[Exercise prompt] What is needed is every line of the material that contains "forecast".

[Stored data]
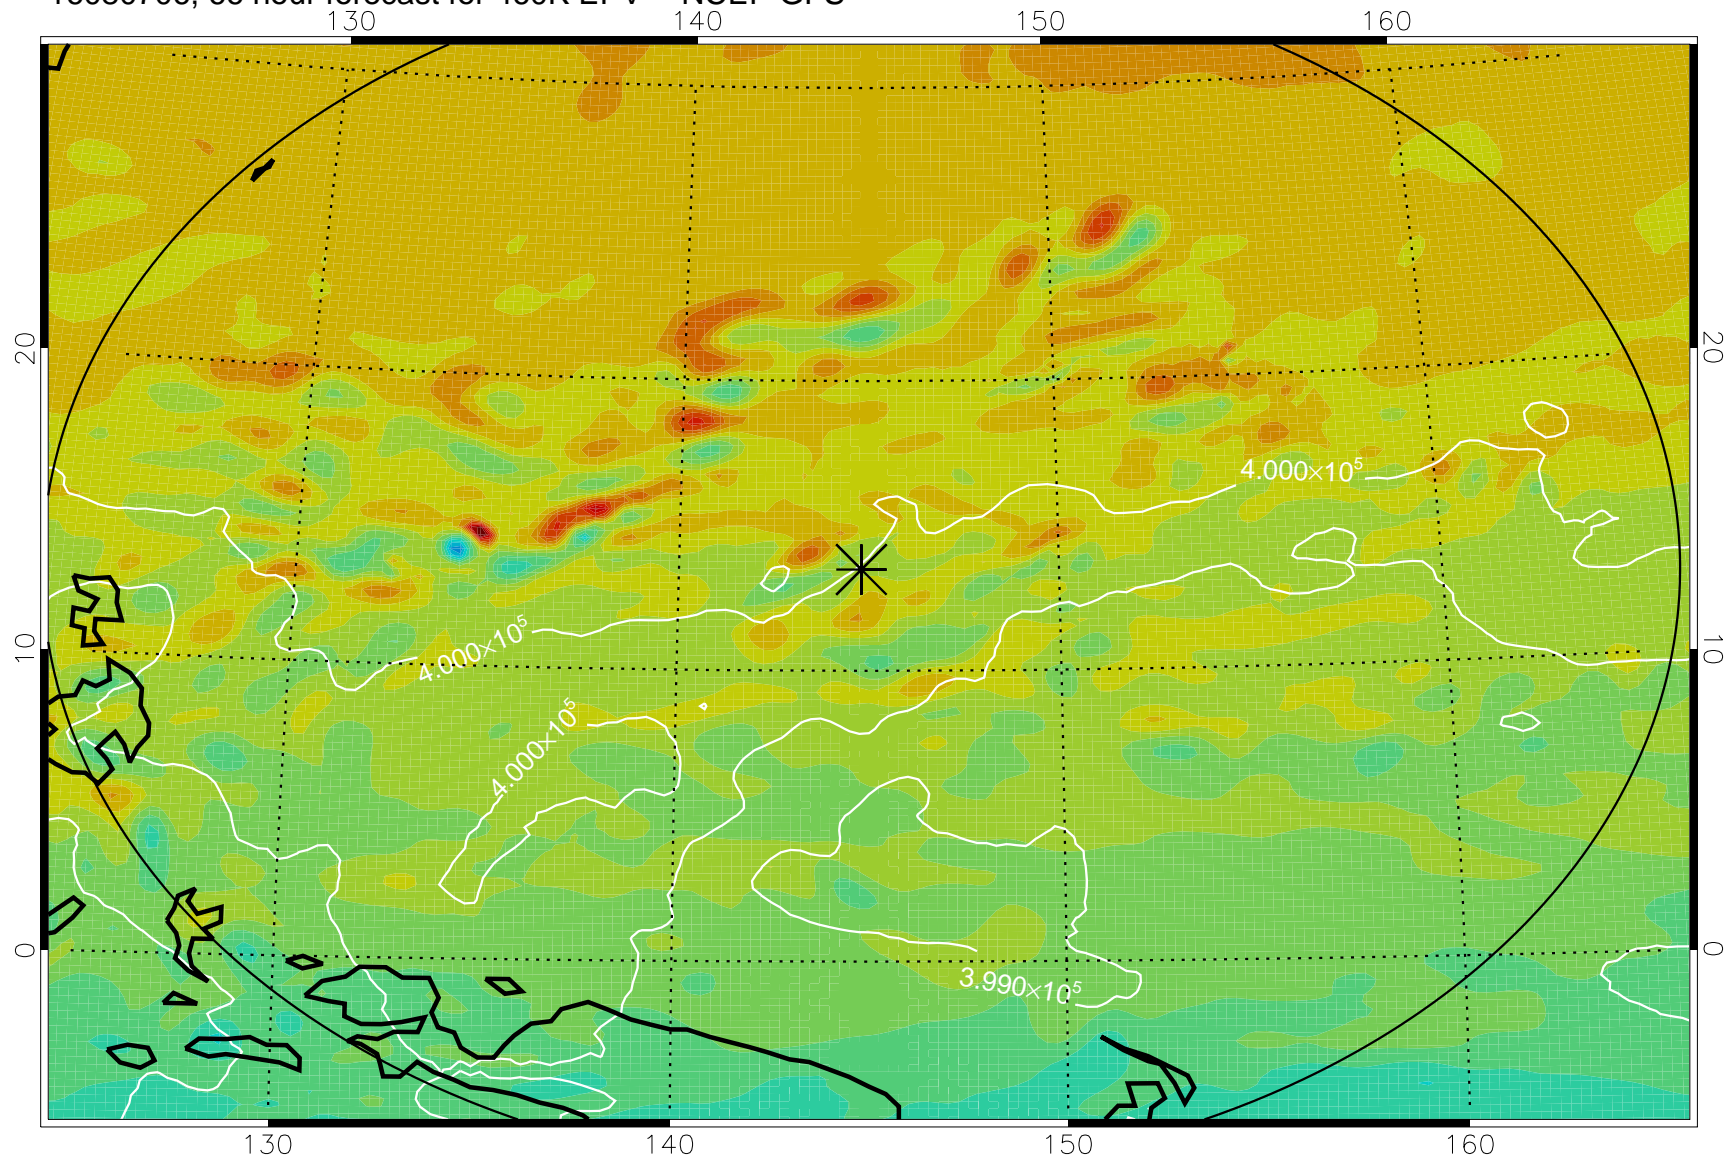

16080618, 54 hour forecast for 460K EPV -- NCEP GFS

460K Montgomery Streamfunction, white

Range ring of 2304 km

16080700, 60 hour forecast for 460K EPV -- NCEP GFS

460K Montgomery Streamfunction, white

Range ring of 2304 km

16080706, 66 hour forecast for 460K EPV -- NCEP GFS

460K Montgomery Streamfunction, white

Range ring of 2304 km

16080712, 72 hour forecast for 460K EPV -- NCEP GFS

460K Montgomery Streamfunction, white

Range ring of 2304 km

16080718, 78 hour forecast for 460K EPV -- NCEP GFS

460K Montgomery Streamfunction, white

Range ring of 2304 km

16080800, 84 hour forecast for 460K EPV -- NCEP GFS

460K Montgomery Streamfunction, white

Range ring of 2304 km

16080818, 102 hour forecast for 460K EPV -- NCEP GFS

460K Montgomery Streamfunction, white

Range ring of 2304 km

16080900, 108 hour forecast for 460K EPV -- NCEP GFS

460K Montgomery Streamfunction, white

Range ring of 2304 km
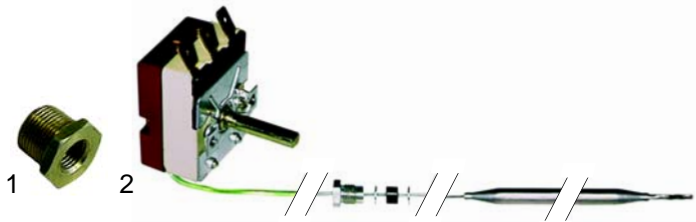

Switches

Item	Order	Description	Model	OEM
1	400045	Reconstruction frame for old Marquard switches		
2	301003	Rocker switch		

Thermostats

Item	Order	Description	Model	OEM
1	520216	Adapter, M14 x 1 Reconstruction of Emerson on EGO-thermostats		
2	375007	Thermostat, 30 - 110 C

[Answer section]
16080618, 54 hour forecast for 460K EPV -- NCEP GFS
16080700, 60 hour forecast for 460K EPV -- NCEP GFS
16080706, 66 hour forecast for 460K EPV -- NCEP GFS
16080712, 72 hour forecast for 460K EPV -- NCEP GFS
16080718, 78 hour forecast for 460K EPV -- NCEP GFS
16080800, 84 hour forecast for 460K EPV -- NCEP GFS
16080818, 102 hour forecast for 460K EPV -- NCEP GFS
16080900, 108 hour forecast for 460K EPV -- NCEP GFS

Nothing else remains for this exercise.